▶ Directions for this task:
Start to finish, retype the entries exactly while omitting the pictures.
** Source information follows **
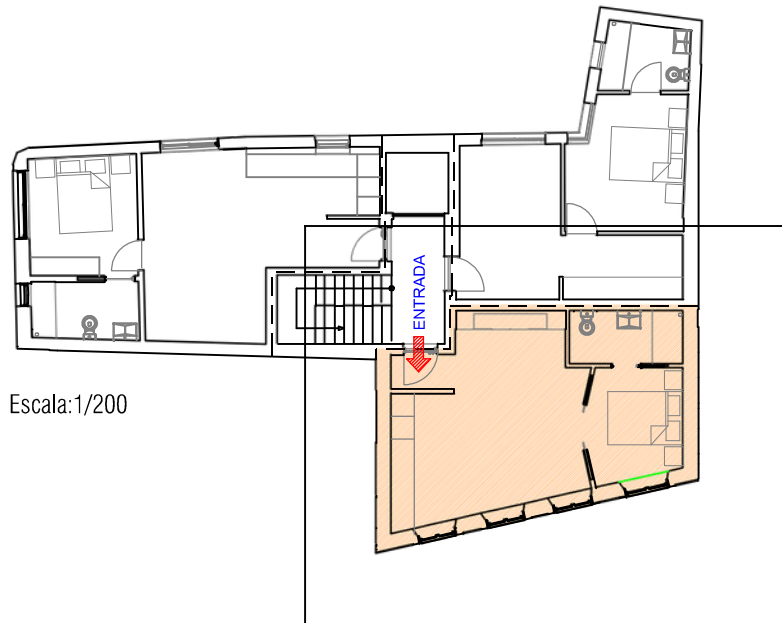

Area Bruta 48.15 m²

Espaço comum 26.20 m²

Area Bruta total 149.00m²

PISO 0

Area Bruta 48.25 m²

Espaço comum 12.50 m²

Area Bruta total 149.00m²

PISO 1

Escala: 1/200

Area Bruta 42.80 m²

Espaço comum 12.50 m²

Area Bruta total 149.00m²

PISO 1

Escala: 1/200

Area Bruta 45.45 m²

Espaço comum 12.50 m²

Area Bruta total 149.00m²

PISO 1

PISO 2

Escala: 1/200

SOTÃO

Escala: 1/200

Area Bruta 48.25 m²

Espaço comum 16.70 m²

Area Bruta total 150.30m²

Area Bruta 53.75 m²

Area Bruta total 140.10m²

PLANTAS DOS
PISO 2 E SOTÃO

PISO 2

Escala: 1/200

SOTÃO

Escala: 1/200
** End of Source information **
▶ Task answer:
Area Bruta 48.15 m²

Espaço comum 26.20 m²

Area Bruta total 149.00m²

PISO 0

Area Bruta 48.25 m²

Espaço comum 12.50 m²

Area Bruta total 149.00m²

PISO 1

Escala: 1/200

Area Bruta 42.80 m²

Espaço comum 12.50 m²

Area Bruta total 149.00m²

PISO 1

Escala: 1/200

Area Bruta 45.45 m²

Espaço comum 12.50 m²

Area Bruta total 149.00m²

PISO 1

PISO 2

Escala: 1/200

SOTÃO

Escala: 1/200

Area Bruta 48.25 m²

Espaço comum 16.70 m²

Area Bruta total 150.30m²

Area Bruta 53.75 m²

Area Bruta total 140.10m²

PLANTAS DOS
PISO 2 E SOTÃO

PISO 2

Escala: 1/200

SOTÃO

Escala: 1/200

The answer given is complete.